39. We are guided in our above approach by the decision of the Supreme Court in the case of P. V. George & Ors. Vs. State of Kerala & Ors.15, and for the sake of convenience, we reproduce paragraph 14 of the said decision. “14. For the views we propose to take, it is not necessary for us to consider all the decisions relied upon by Mr Rajan. The legal position as regards the applicability of doctrine of prospective overruling is no longer res integra. This Court in exercise of its jurisdiction under Article 32 or Article 142 of the Constitution of India may declare a law to have a prospective effect. The Division Bench of the High Court may be correct in opining that having regard to the decision of this Court in Golak Nath v.

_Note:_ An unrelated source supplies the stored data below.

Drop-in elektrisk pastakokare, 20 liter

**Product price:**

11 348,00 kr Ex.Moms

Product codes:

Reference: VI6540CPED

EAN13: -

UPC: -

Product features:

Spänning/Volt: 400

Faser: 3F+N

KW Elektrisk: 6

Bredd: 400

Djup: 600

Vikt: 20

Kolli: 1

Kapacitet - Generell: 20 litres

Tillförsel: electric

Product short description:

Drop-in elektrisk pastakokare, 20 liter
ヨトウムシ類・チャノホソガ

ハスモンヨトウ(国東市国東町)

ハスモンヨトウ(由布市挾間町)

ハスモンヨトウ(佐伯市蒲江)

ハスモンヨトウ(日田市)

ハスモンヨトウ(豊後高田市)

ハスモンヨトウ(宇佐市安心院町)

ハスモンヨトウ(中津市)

State of Punjab the power of overruling is vested only in this Court and that too in constitutional matters, but the High Courts in exercise of their jurisdiction under Article 226 of the Constitution of India, even without applying the doctrine of prospective overruling, indisputably may grant a limited relief in exercise of their equity jurisdiction.”

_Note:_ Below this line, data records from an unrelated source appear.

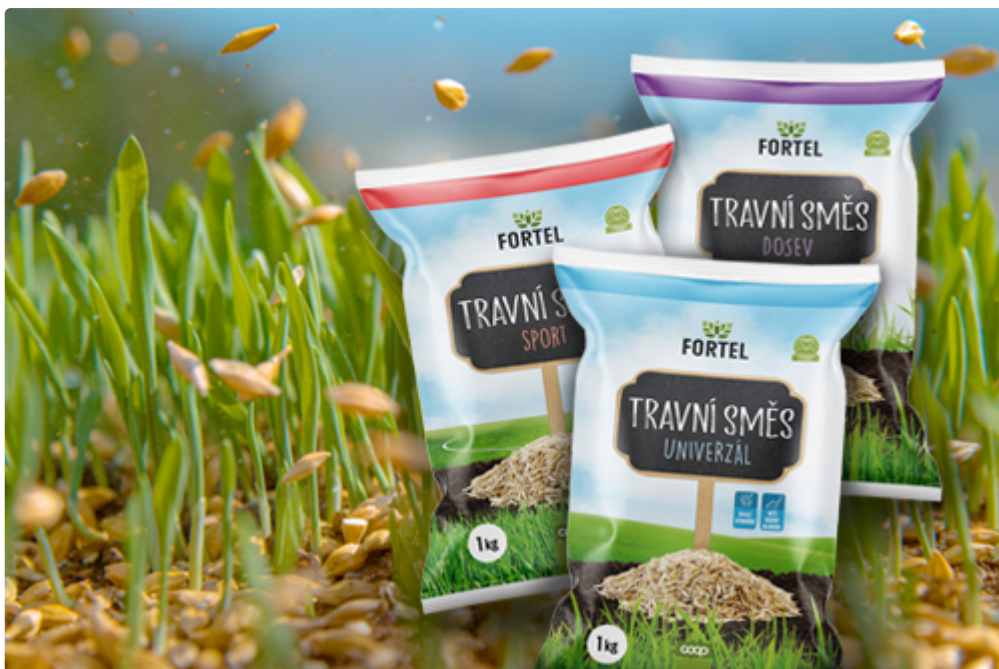

## Krásný trávník kdekoliv a kdykoliv

---

### Každá plocha potřebuje jiný trávník

1 **Travní směs SPORT** je ideální pro plochy, které jsou intenzivně využívány. Díky své odolnosti vůči sešlápání a schopnosti rychlé regenerace je vhodná **pro zahrady rodinných domů, oblasti okolo bazénů, dětských koutků, zahradních altánů, jakož i pro sportovní areály**. Tato směs rychle roste a vyniká vysokou odolností.

2 Travní směs **UNIVERZÁL** je univerzální řešení pro rychlé zatravnění a obnovu travních ploch. Její použití je vhodné zejména kolem **budov, podél cest a na jiných plochách**. Směs má nižší nároky na údržbu a zároveň nabízí vyšší odolnost proti plevelům.

3 Travní směs DOSEV je speciálně navržena **pro dosev a rychlou regeneraci poškozených míst v trávnicích**. Obsahuje vybrané odrůdy jílku, které se vyznačují rychlým klíčením (do 5 dnů od výsevu) a bohatým odnožováním. Tato směs je schopna vytvořit ucelený trávník již za 3 týdny od dosetí.

40. We have not given any finding with respect to other submissions made by the parties since, according to us, the writ petitions are being decided on the primary issue of validity of the impugned corrigendum.
41. In view of above, we pass the following order:- O R D E R
(i) The impugned corrigendum dated 14th February 2017 is unconstitutional and same is quashed and set aside.
(ii) The registrations granted to PACCS during the period from 14th February 2017 till today would not be cancelled only on account of this judgment.
42. Rule is made absolute in above terms with no order as to costs. [JITENDRA JAIN, J.] [A. S. CHANDURKAR, J.]